1 Timothy 4:10 – ” For to this end we both labor and suffer reproach, because we trust in the living God, who is the Savior of all men, especially of those who believe.”

John 3:16 – “For God so loved the world that He gave His only begotten Son, that whosoever believes on Him shall have everlasting life.”

A Christian brother, now with the Lord, shocked me once in a phone conversation, saying, “Jesus did not die for everyone, but only for those who believe.” He had listened to others and not searched out the truth in the Scriptures. Another person was quite adamant that if Jesus had died for all mankind, then heaven would have unforgiven people there. Those ideas come from holding to a “hard-core” Calvinist viewpoint that God saves some and not others purely on His own selection process. It is clear that God allows mankind to have a choice—accept the gift, or reject it. There will be no one in heaven who does not want to be there.

I for Irresistible Grace

Grace is God’s unmerited favor, given without cost and without any effort of mankind. Grace is superior to sin in every instance. Note the picture of that in Romans 5:20: “Moreover the law entered that the offense might abound. But where sin abounded, grace abounded much more….”

God, in His foreknowledge with an eternal view, knows who will receive Christ, that gift of salvation; therefore, His grace is at work in the contemporary, irresistible in pursuit of that person. You can see that happening in the conversion of Saul of Tarsus in Acts 9. That is why the Apostle Paul wants to be used of God to reach those who will believe and receive Christ, as reported at 2 Timothy 2:10, earlier.

However, the gospel is to be preached to all people everywhere that none will have an excuse for not accepting Christ, while those who are seen in His eternal viewpoint as accepting Christ will confirm that fact.

P for Perseverance of the Saints

Perseverance means to keep ongoing and without any deterioration or failure.
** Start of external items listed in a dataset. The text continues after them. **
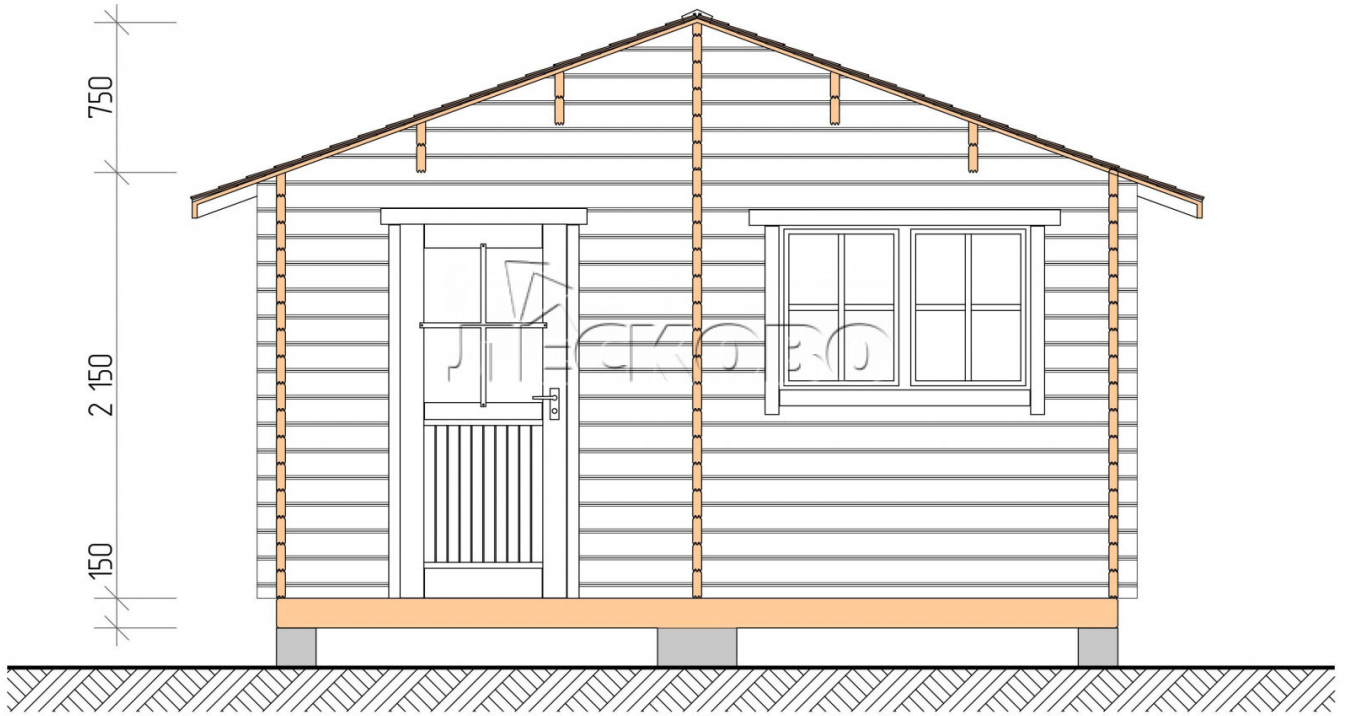

Outdoor sauna "BL" series 4.5×5

Project Dimensions

4.5 × 5 / 19.8 m²

Full house set

4,927 €

Timber

45 MM

65 MM
+ 1,136 €

Project planning

4 500

5 000

Разрез

House Kit

- Wall kit: 44 × 145 mm mini-chamber drying chamber with bowls for the project. The material of the tree is spruce, pine (GOST 8486). Humidity 12-14%. The height of the walls is 2.16 m.;
- Logs, lower harness: board 45 × 145 mm chamber drying 10-12%;
- Floors: floorboard 35 mm., Chamber drying;
- Ceiling: imitation of a bar 20 × 135 mm, Chamber drying;
- Wooden windows, glass 4 mm, Single. Treatment with a colorless antiseptic. Hardware;

0.40×0.38 м.2 шт.

1.34×0.91 м.1 шт.

- Wooden doors;

0.84×1.885 м.
bath.2 шт.

0.84×1.885 м.
glass.1 шт.

7. Platbands: dry planed board 20 × 100 mm;

8. Roof: shingles;

9. Skirting board 35 mm.

It has to do with the doctrine of the security of the believer to always be “kept by the power of God unto salvation through faith, ready to be revealed at the last time” (1 Peter 1:5).

Another heavy-duty promise that is found in John 6:37-39 where Jesus stands upon the will of God:

“All that the Father gives Me will come to Me, and the one who comes to Me I will by no means cast out. For I have come down from heaven, not to do My own will, but the will of Him who sent Me. This is the will of the Father who sent Me, that of all He has given Me I should lose nothing, but should raise it up at the last day.”

Perseverance? Yes, standing on the will of God.


In the parable of the wedding feast in Matthew 22:2-14, a king arranged a marriage for his son. He then sent out servants to invite guests who were expected to come, only to learn that none wanted to come. So, he sent his servants out to invite anyone to come to the affair. And they came, out of the highways and byways. Jesus sums it up by saying, “Therefore, many are called, but few are chosen.” That is, many will be invited, but few will accept the invitation. That fact is exemplified in John 1:11-12 where John writes, “He came to His own [kinsmen] and His own did not receive Him, but to as many as received Him, to them He gave the right to become children of God, to those who believe in His name.”